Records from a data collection

++++++++++

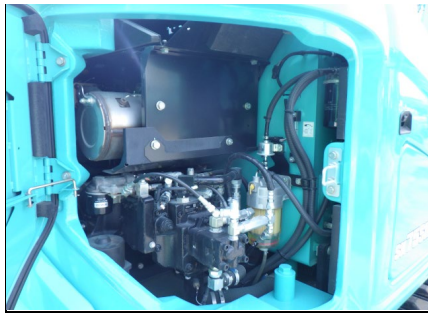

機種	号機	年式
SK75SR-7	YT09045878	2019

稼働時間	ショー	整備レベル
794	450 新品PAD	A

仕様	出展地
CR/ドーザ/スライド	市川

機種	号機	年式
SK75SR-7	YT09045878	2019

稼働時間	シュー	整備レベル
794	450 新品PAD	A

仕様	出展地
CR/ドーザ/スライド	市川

++++++++++

*ASSIGNMENT*
I'd like every record above written out again exactly, without the pictures.

*RESULT BELOW*
機種	号機	年式
SK75SR-7	YT09045878	2019

稼働時間	ショー	整備レベル
794	450 新品PAD	A

仕様	出展地
CR/ドーザ/スライド	市川

機種	号機	年式
SK75SR-7	YT09045878	2019

稼働時間	シュー	整備レベル
794	450 新品PAD	A

仕様	出展地
CR/ドーザ/スライド	市川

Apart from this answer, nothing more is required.